Assuming you can stomach 3 to 5 years of being a junior consultant, you will finally be considered a senior consultant. If you are working in the United States, you will finally start making $100,000 or more USD. Whew. Wait... wait.. what? $100k? What happened to sleeping in beds of cash? Where are the coins that drip from my pocket unheeded because I'm so rich I don't care?
Reality check #5: Yup. Guess what. You're NOT a surgeon. You're NOT a hedge fund manager. You're NOT a CEO. You're an SAP consultant. The consulting company you work for makes pretty decent money, but you're not going to get the money they bill the customer. You're going to get whatever they want to pay you. It's true that *highly* skilled consultants can make more (I made well over twice that in my best year), but the *average* senior consultant in the United States is going to make about $100k. Senior consultants in other countries generally make less, approximately scaled to fit cost of living differences. (Check Dice/Monster/other-source-of-your-choice salary surveys if you don't believe me.)
The Good Life
The good news is that if you've played this by the numbers, you're probably about 35 when you hit your peak. And $100k/year can certainly provide you with a comfortable, if not extravagant, living. You're probably single or divorced, though, and that can suck at 35. Travelling is probably more of a hassle than a thrill at this point, but it's a living. Also, I think we can say with reasonable certainty that if you don't care where you work geographically, with the skills you have at this point, you'll never have to worry about finding a job. If a project goes belly up, then you'll probably be able to find another one (probably hundreds if not thousands of miles away) pretty quickly. If you want to stay in one place, it'll be harder, but your job search should be shorter than someone without SAP skills.

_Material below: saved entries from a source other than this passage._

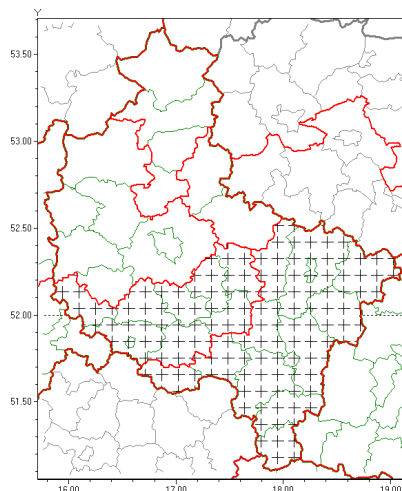

Zasięg komunikatu w województwie

Silny wiatr

Komunikat meteorologiczny z godz. 10:16 dnia 08.03.2019

Nazwa biura	IMGW-PIB Biuro Prognoz Meteorologicznych w Poznaniu
Zjawiska	Silny wiatr
Obszar	województwo wielkopolskie powiaty: gostyński, jarociński, kaliski, Kalisz, kpiński, kolski, Konin, koniński, kościański, krotoszyński, leszczyński, Leszno, ostrowski, ostrzeszowski, pleszewski, rawicki, słupecki, redzki, remski, turecki, wolsztyński, wrzesiński
Sytuacja meteorologiczna	Do godziny 10:00 zanotowano porywy wiatru do 80 km/h. W kolejnych godzinach porywy wiatru mogą osiągnąć 85 km/h.
Uwagi	Komunikat przygotowano na podstawie danych z systemów teledetekcji atmosfery oraz sieci pomiarowo-obszernych IMGW-PIB. Lokalnie zjawiska mogą mieć inny przebieg niż opisany.
Dyrektor synoptyk IMGW-PIB	Magdalena Muszyńska-Karbowska
Godzina i data wydania	godz. 10:16 dnia 08.03.2019
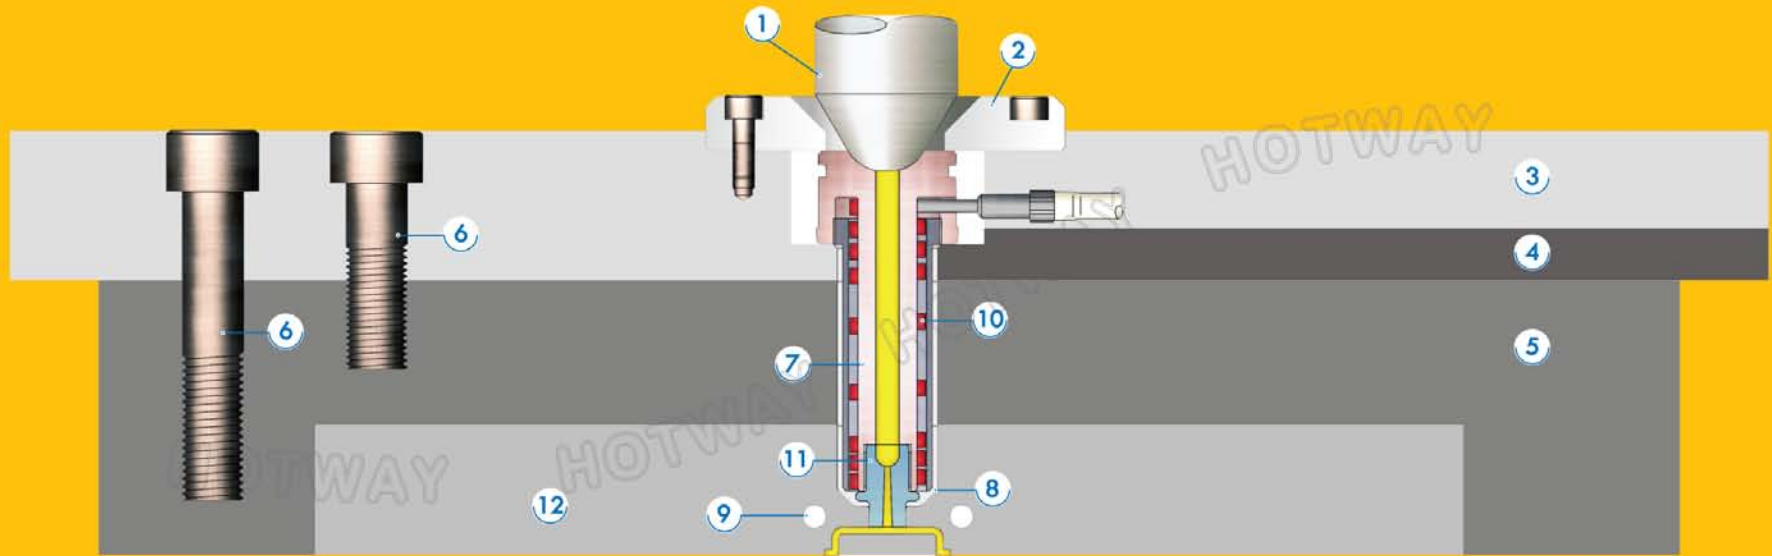

Introduction

單穴一般澆口系統 Single Nozzle System

Made In Taiwan

系統零件介紹

- | | |
|-------------------------|------------------------|
| 1/ 射出機噴嘴 Machine Nozzle | 7/ 熱嘴本體 Nozzle Body |
| 2/ 定位環 Locating Ring | 8/ 熱嘴外殼 Nozzle Cover |
| 3/ 固定板 Mold Plate | 9/ 冷卻水路 Cooling Inster |
| 4/ 間隔板 Spacer Plate | 10/ 加熱線圈 Heater |
| 5/ 母模板 Mold Plate | 11/ 小頭 End Cap |
| 6/ 模板固定螺絲 Screw | 12/ 模仁 Cavity |

一般澆口系統 Hot Runner System

Made In Taiwan

系統零件介紹

- | | | | |
|-------------------------|----------------------------|-------------------------|-------------------------|
| 1/ 射出機噴嘴 Machine Nozzle | 7/ 模板固定螺絲 Screw | 13/ 中心墊塊 Center Locator | 19/ 小頭 End Cap |
| 2/ 定位環 Locating Ring | 8/ 導銷 Lead Pin | 14/ 定位銷x2 Locating Pin | 20/ 針 Tip |
| 3/ 固定板 Mold Plate | 9/ 熱板延長接頭 Extension Nozzle | 15/ 熱嘴本體 Nozzle Body | 21/ 模仁 Cavity |
| 4/ 間隔板 Spacer Plate | 10/ 上墊塊 Riser Pad | 16/ 熱嘴外殼 Nozzle Cover | 22/ 冷卻水路 Cooling Inster |
| 5/ 承板 Support Plate | 11/ 熱流板 Manifold | 17/ O型環 O Ring | 23/ |
| 6/ 母模板 Mold Plate | 12/ 可攜式加熱器 Tubular Heater | 18/ 加熱線圈 Heater | 24/ |

If you want to settle down at this point, you can roll the dice and try to find the customer who's business is good and is stable and who needs you. You'll probably take a pay cut, but you'll at least be able to see your kids every night (if they're still speaking to you).
Will I Make It?
Final reality check: If you started this process just because all you wanted was a good salary and financial security, you never made it this far. You burned out long ago. In all likelihood, you ran into competition that was more passionate (and thus willing to work harder) than you and you didn't make the cut. Sorry about that. I hope you found something else that stoked your fires. If not, you probably got stuck as a low level clock watcher, just praying for 5 o'clock to roll around. It happens. I've run into far more clock watchers over the course of my career than decent consultants. When I've asked the clock watchers how they ended up where they are, most reply that it just kind of happened. They got a job, any job, just to get a paycheck. They couldn't care less about whatever it is they do day to day. They live for the nights and weekends.
Passion Redux.
It may sound dorky, but I still love what I do. When I work with a customer to develop the optimal backup/recovery strategy, even though I've developed dozens of them, I still get a thrill. Whenever I stand in front of a room of folks new to SAP and teach them the basics of the architecture, I *love* it. My face lights up. My voice becomes animated. Afterwards, folks tell me that they get a kick, just seeing how excited I get about SAP architecture. I get immense satisfaction when I can explain the pitfalls ahead clearly enough that the customer agrees to a plan that will avoid them. I feel deep personal regret if I fail to persuade them in time.
Whatever you decide to do, dear college graduate, I hope it is something about which you have passion and I hope that 20 years from now, you would be happy to do what you do even if they didn't pay you, because you love it that much.